** Opening The data block **

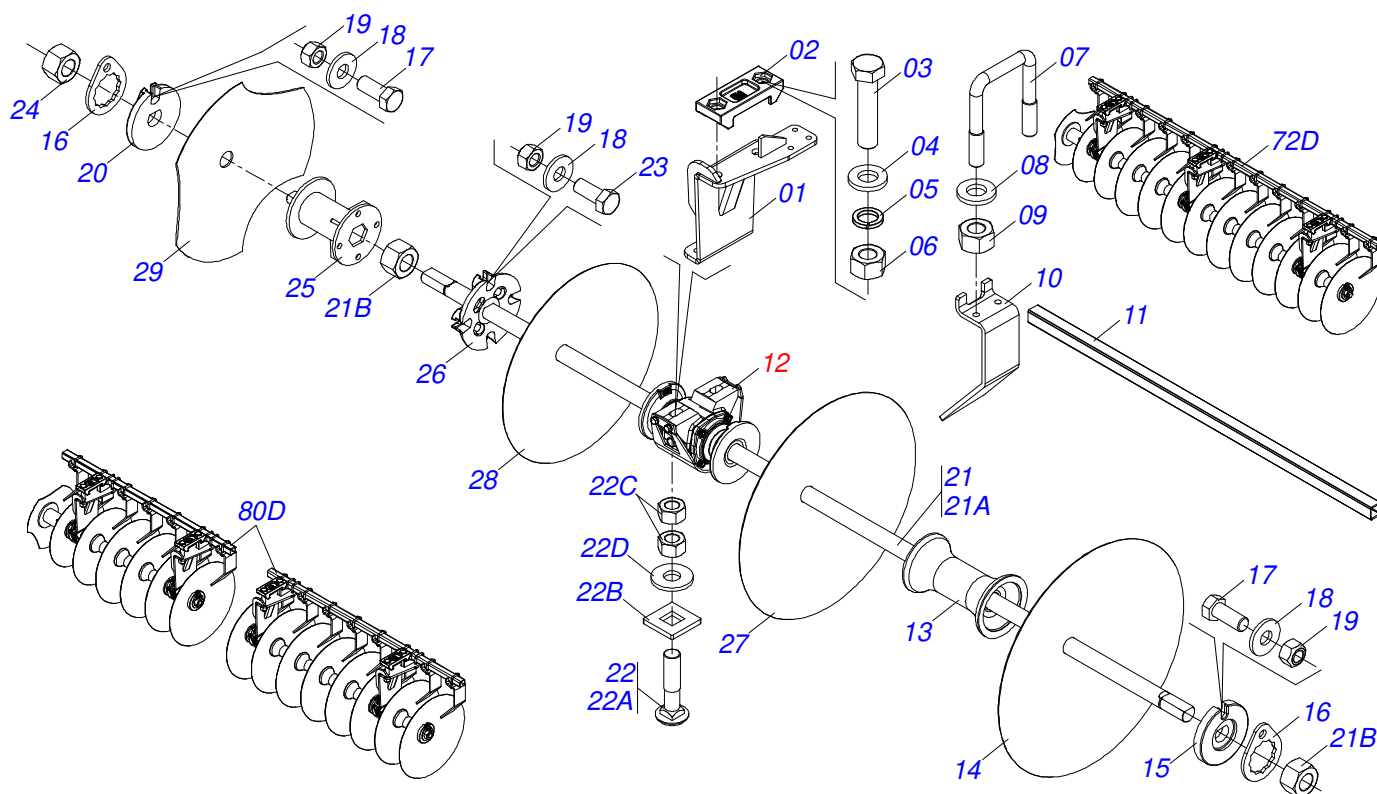

Item	Code	Description	See page	72	80
01	0511068212	LEFT FRONT BRACKET REAR RIGHT		03	04
02	0502012323	BRACKET FIXER		03	04
03	0503013113	1" X 6" BOLT		06	08
04	0501016545	FLAT WASHER		06	08
05	0503010012	1" SPRING WASHER		06	08
06	0501010059	1.5/8 NUT		06	08
07	0511018746	1/2" UNC X 2,9" X 2,5" HOLDER		19	23
08	0511017302	FLAT WASHER 13,50 X 32,50 X 3,0 ZN		38	46
09	0503010060	1/2 UNC G.5 ZN HEX NUT		38	46
10	0551018172	SCRAPER FRONT LEFT REAR RIGHT		13	15
11	0551013635	REAR BAR FIXER SCRAPER		01	00
11.	0551014700	TUBE		00	01
11..	0551013632	857 FRONT BAR FIX SCRAPER		00	01
12	0501043029	AGR DM OL 225X 1.1/2 BEARING	15	03	04
13	0502010621	8.8" 1-1/2" SPACER		08	08
14	0601031031	24" X 6 PLAIN DISC BLADE		10	12
15	0502010872	1-1/2" INNER AXLE WASHER		01	02
16	0501018592	1.5/8" NUT LOCK		02	04
17	0503011267	5/8 UNC X 1.1/2 C S G.5 ZN BOLT		02	04
18	0501012140	FLAT WASHER		06	08
19	0503012412	5/8 UNC SELF LOCKING NUT		06	08
20	0502010871	1-1/2" EXTERNAL AXLE WASHER		01	02
21	0501044069	1.1/2" X 2655 AXLE W/NUTS		01	00
21.	0501043837	1-1/2" X 68" AXLE WITH NUTS		00	01
21..	0501043689	1-1/2" X 1275 AXLE W/NUT		00	01
21A	0511010853	1.1/2" X 2655 AXLE W/NUTS		01	00
21A.	0511010225	1-1/2" X 68" AXLE		00	01
21A..	0511012600	1-1/2" X 1275 AXLE		00	01
21B	0501010110	1.1/2" NUT		02	04
22	0501058802	5/8 UNC X 2.3/4 BOLT ASSY		06	08
22A	0503015154	5/8" X 2.3/4" BOLT		06	08

** Closing The data block **

What the task asks: Your answer should be the lines from the first record down to the line containing "OL 225X 1.1/2", restated exactly, with no pictures.

Output for this task:
Item	Code	Description	See page	72	80
01	0511068212	LEFT FRONT BRACKET REAR RIGHT		03	04
02	0502012323	BRACKET FIXER		03	04
03	0503013113	1" X 6" BOLT		06	08
04	0501016545	FLAT WASHER		06	08
05	0503010012	1" SPRING WASHER		06	08
06	0501010059	1.5/8 NUT		06	08
07	0511018746	1/2" UNC X 2,9" X 2,5" HOLDER		19	23
08	0511017302	FLAT WASHER 13,50 X 32,50 X 3,0 ZN		38	46
09	0503010060	1/2 UNC G.5 ZN HEX NUT		38	46
10	0551018172	SCRAPER FRONT LEFT REAR RIGHT		13	15
11	0551013635	REAR BAR FIXER SCRAPER		01	00
11.	0551014700	TUBE		00	01
11..	0551013632	857 FRONT BAR FIX SCRAPER		00	01
12	0501043029	AGR DM OL 225X 1.1/2 BEARING	15	03	04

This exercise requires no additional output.